AS college enrollment grows, a rising share of English courses at US colleges are being taught by full-time, non-tenure-track lecturers who generally lack doctorates, according to a report released by the Modern Language Association (MLA) and its Association of Departments of English, The Chronicle of Higher Education has reported.
The report, “Education in the Balance: A Report on the Academic Workforce in English,” is based mainly on US Department of Education data, a 1999 staffing survey by the MLA, and the data collected from 135 colleges’ English departments. It found that the share of faculty members who are full time and non-tenure-track rose from 12.9 percent in 1999 to 16.8 percent in 2007. Such faculty members, most of whom are hired on multi-year contracts, “have become an increasingly crucial component of English department staffing.”

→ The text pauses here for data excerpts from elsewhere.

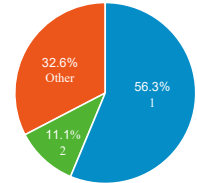

Avg. Visits per Visitor

■ 1 ■ 2 ■ Other

Total Unique Searches by Search T...

Search Term	Total Unique Searches
security plan	8
communications computer malware	5
triconex	4
triton	4
dispatch center	3
hatman	3
IoT	3
Malware	3
report	3
ssp	3
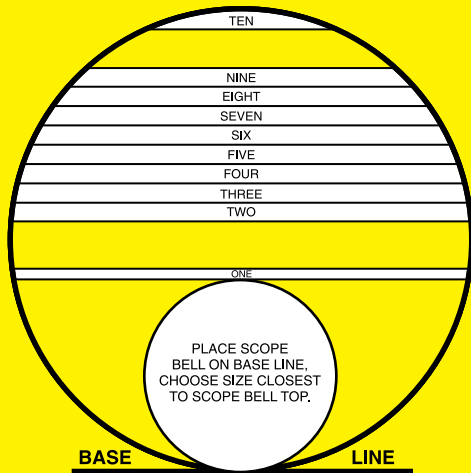

## MULTI-FLEX & FLIP-OPEN EYE

Place one edge of the objective on the base line and read the closest line to the opposite side of the objective. Repeat the operation on the second objective scale and determine which of the lines is closest to the objective edge. Both scales are necessary to determine the best fit.
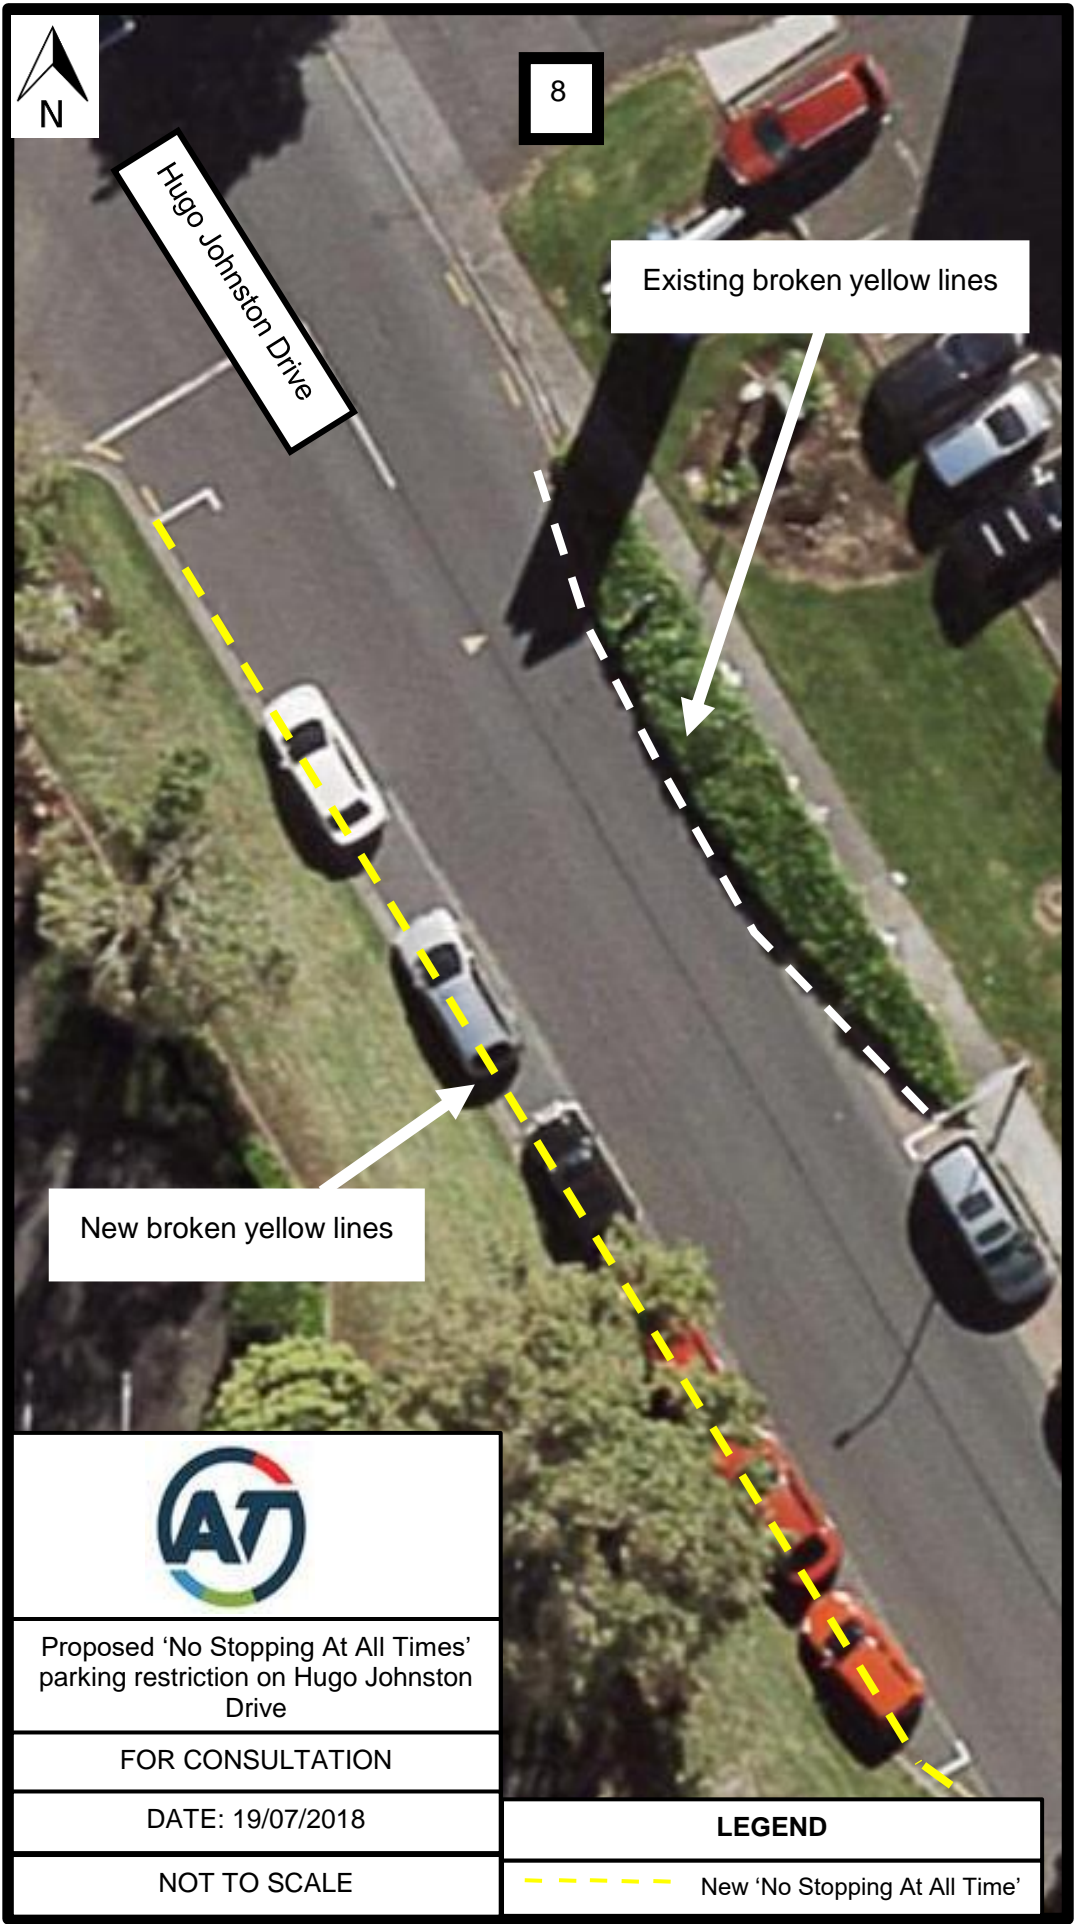

8

Hugo Johnston Drive

Existing broken yellow lines

New broken yellow lines

Proposed 'No Stopping At All Times' parking restriction on Hugo Johnston Drive

FOR CONSULTATION

DATE: 19/07/2018

NOT TO SCALE

LEGEND

--- New 'No Stopping At All Time'

LEGEND

--- New 'No Stopping At All Time'

Proposed 'No Stopping At All Times'
parking restriction on Hugo Johnston
Drive

FOR CONSULTATION

DATE: 19/07/2018

NOT TO SCALE

108-118

120

Hugo Johnston Drive

New broken yellow lines

Existing broken yellow lines

Hugo Johnston Drive

140

New broken yellow lines

New broken yellow lines

HUGO JOHNSTON DRIVE

Proposed 'No Stopping At All Times'
parking restriction on Hugo Johnston
Drive

FOR CONSULTATION

DATE: 19/07/2018

NOT TO SCALE

LEGEND

--- New 'No Stopping At All Time'

While over 90 percent of tenured and tenure-track faculty members teaching English in four-year institutions hold a doctorate, only 25 percent of non-tenure-track faculty members do. This educational gap could be troubling, the report says, because although most non-tenure-track faculty members are assigned to lower-division courses, they also teach a significant share of the upper-division courses offered to undergraduates.
Rosemary G. Feal, the executive director of the MLA, said the impetus for the report was a sense that English departments were no longer in balance. “We think what is unique about American higher education is being compromised,” said Feal. Students may have fewer chances to be mentored or get to know faculty members who can write references for graduate and professional schools. Fewer faculty members may be available to guide undergraduate research.
The report recommends increasing the portion of tenured and tenure-track faculty members so that they teach at least 45 percent of undergraduate course sections in doctorate-granting institutions, 55 percent in master’s institutions and 70 percent in baccalaureate schools.